DATASET RECORDS section start

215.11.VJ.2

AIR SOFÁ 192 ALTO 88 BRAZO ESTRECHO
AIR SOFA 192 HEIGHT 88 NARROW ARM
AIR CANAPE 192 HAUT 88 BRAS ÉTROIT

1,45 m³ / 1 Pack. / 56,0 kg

DATASET RECORDS section end
DATASET RECORDS section start

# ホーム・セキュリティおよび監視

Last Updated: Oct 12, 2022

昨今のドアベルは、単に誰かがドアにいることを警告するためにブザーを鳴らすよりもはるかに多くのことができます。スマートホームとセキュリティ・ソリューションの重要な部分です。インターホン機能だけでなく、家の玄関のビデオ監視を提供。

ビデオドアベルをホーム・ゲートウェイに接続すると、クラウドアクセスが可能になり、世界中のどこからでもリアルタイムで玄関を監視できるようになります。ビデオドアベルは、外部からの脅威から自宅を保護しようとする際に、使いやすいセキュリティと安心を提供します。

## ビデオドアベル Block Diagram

DATASET RECORDS section end

TASK REQUIREMENTS: From the entries above, return exactly the line containing "215.11.VJ.2", the line containing "1,45 m³ / 1 Pack. / 56,0 kg", and all lines between, and nothing else.

WRITTEN RESPONSE:
215.11.VJ.2

AIR SOFÁ 192 ALTO 88 BRAZO ESTRECHO
AIR SOFA 192 HEIGHT 88 NARROW ARM
AIR CANAPE 192 HAUT 88 BRAS ÉTROIT

1,45 m³ / 1 Pack. / 56,0 kg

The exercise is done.